(Records excerpted from a collection)
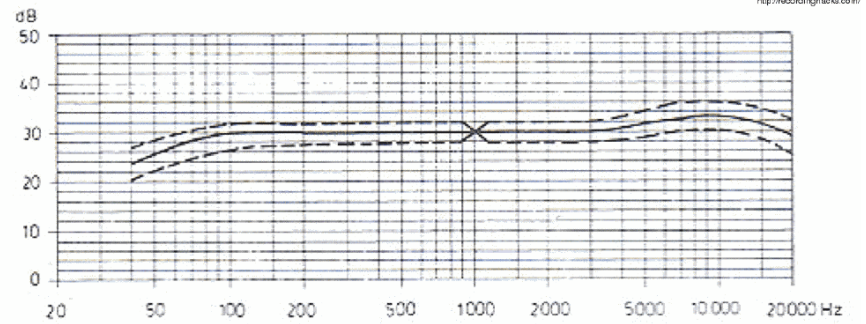

RØDE NT2000 (OMNIDIRECCIONAL)

RØDE NT2000 (CARDIOIDE)

RØDE NTG3 (SUPERCARDIOIDE)

RØDE NTG8 (SUPERCARDIOIDE)

Sennheiser MKH 416 (SUPERCARDIOIDE)

Sennheiser MK4 (CARDIOIDE)

SHURE SM27 (CARDIOIDE)

SHURE SM7B (CARDIOIDE - PASIVO)
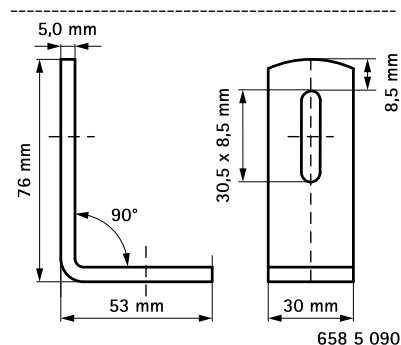

Walraven Connessione per profili – 335

(G 35 25)

per realizzare strutture con Walraven RapidRail®

Features and benefits

- per fare costruzioni di profili
- adatto per profili 27x18, 30x15, 30x20, 30x30, 30x45, 38x40
- materiale: acciaio
- in acciaio

Part No.	a (°)	T _(inst.) (Nm)	For Rail	Pack 1
6585090	90°	15,0	27x18, 30x15, 30x20, 30x30, 30x45, 38x40	50
6585135	135°	15,0	27x18, 30x15, 30x20, 30x30, 30x45, 38x40	50

Complementary

Walraven RapidRail® Fixing Rail
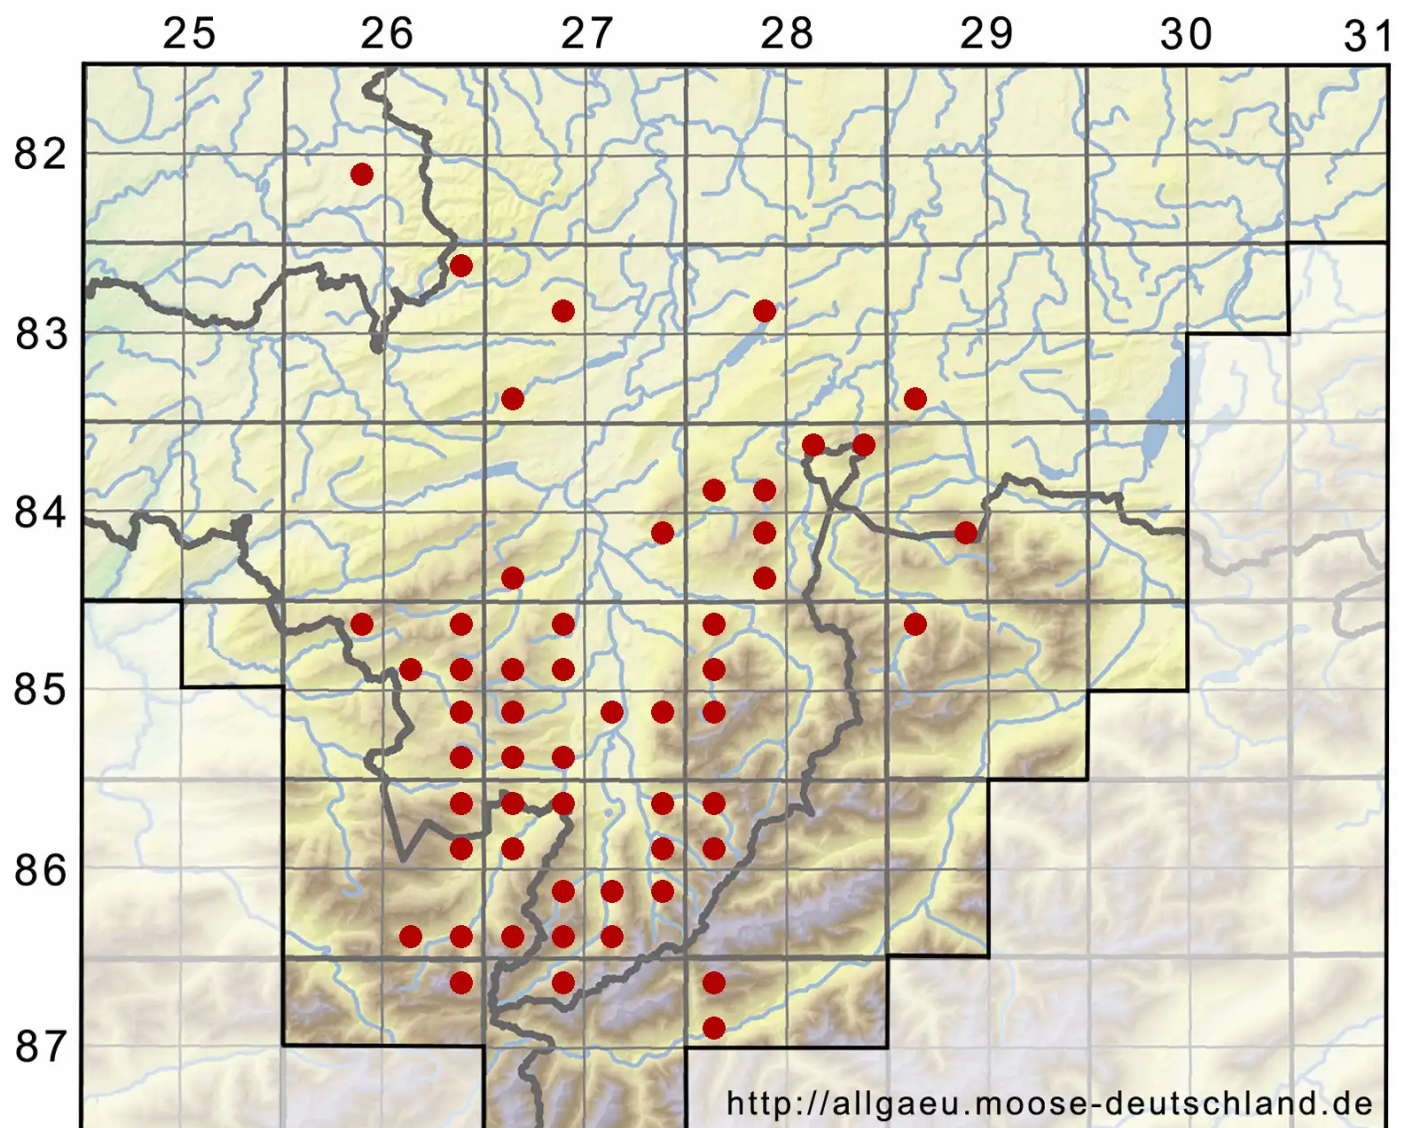

Ptilidium pulcherrimum (Weber) Vain.

Schönes Federchenmoos

Legende:

Symbole:

Ausgefülltes Symbol:
Zeitraum von 1980 bis heute (Aktuelle Angabe)

Leeres Symbol:
Zeitraum vor 1980 (Altangabe)

Quadrat: Herbarbeleg
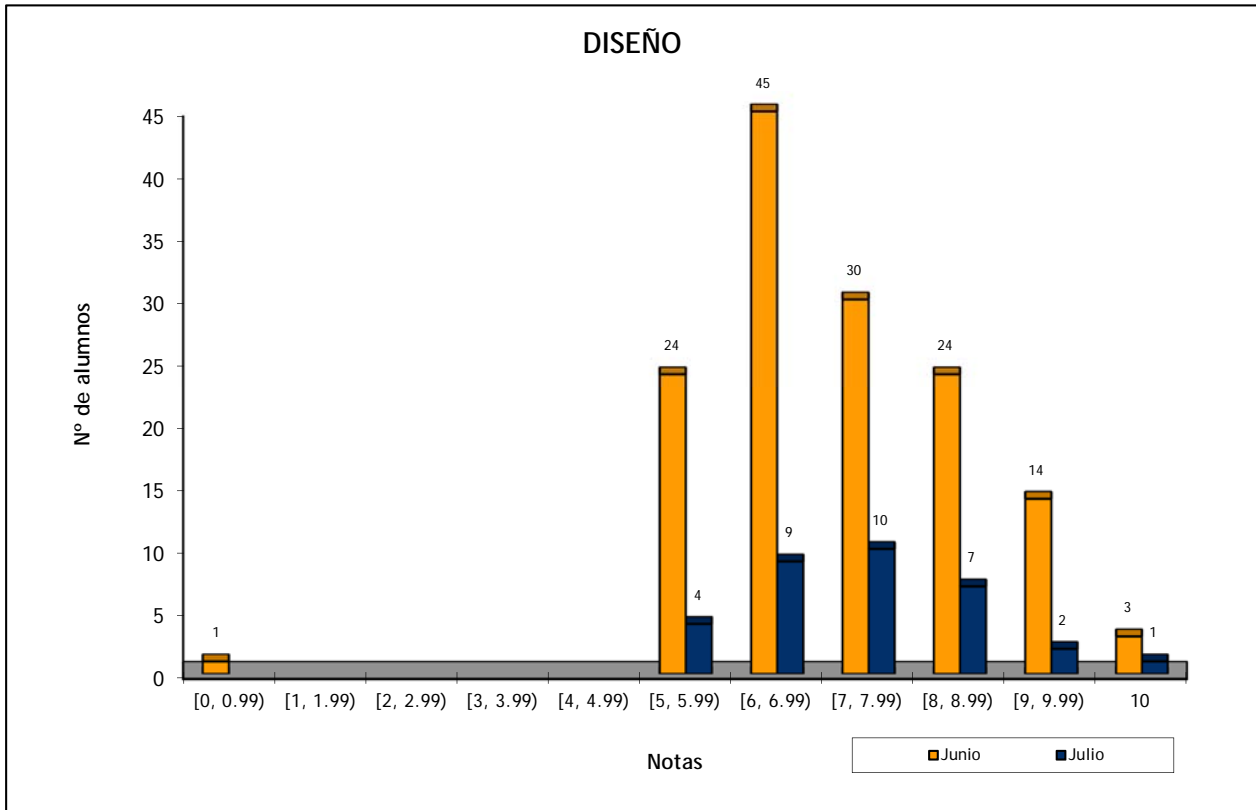

Total		Total	
	Junio		Julio	
		%		%
Nº de exámenes	141		33	
Nº de aprobados	140	99,29%	33	100,00%
Nº de suspendidos	1	0,71%
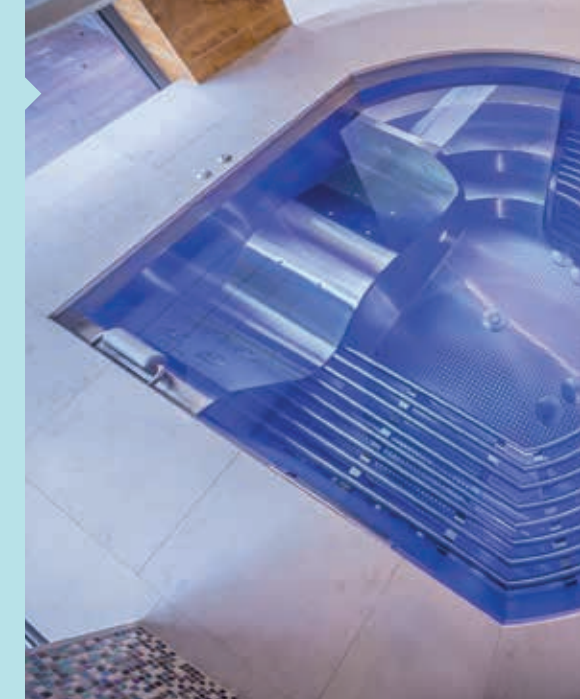

Zakrytí vířivky

Jednou z možností zakrytí nerezových vířivek je stejně jako u bazénu automatická roleta, která je zabudována přímo v tělesu vany. Další variantou je například posuvná terasa či speciální termoizolační kryt na míru. V případě interiérových realizací se často využívá i lehká termoizolační plachta.

Výbava vířivek IMAGINOX

Výbava vířivek IMAGINOX je oproti ostatním nabízeným značkám zcela individuální. Díky možnosti přizpůsobit si každý produkt na míru, si můžete zvolit výbavu na základě vašich individuálních přání. Podívejte se na naše standardní řešení výbavy nerezových vířivých van a inspirujte se k vytvoření vašeho ideálního produktu. Zvolte si rozmístění trysek, varianty masážních míst, typy osvětlení a ovládání. Popíšeme vám také, jak je to u nerezových vířivek se spotřebou energie či jaký zvolit systém čištění vody.

Trysky

Vyberte si z doporučených variant rozmístění trysek nebo si navrhnete jejich pozici v souladu s vašimi obtížemi. Kombinujte 6 typů hydromasážních trysek zaměřených na masáž svalů společně se vzduchovými tryskami pro jemné relaxační uvolnění.

Masážní místa

Vybírat si můžete z ergonomicky tvarovaných plnostěnných nebo trubkových masážních míst a lehátek, které můžete doplnit je různými hydromasážními tryskami – nejlépe tak, abyste docílili kombinace hloubkové akupresurní a jemné perličkové masáže.

### [WORK REQUIRED]
Return from the data every line that holds "SHURE".

### [YOUR SOLUTION]
SHURE SM27 (CARDIOIDE)
SHURE SM7B (CARDIOIDE - PASIVO)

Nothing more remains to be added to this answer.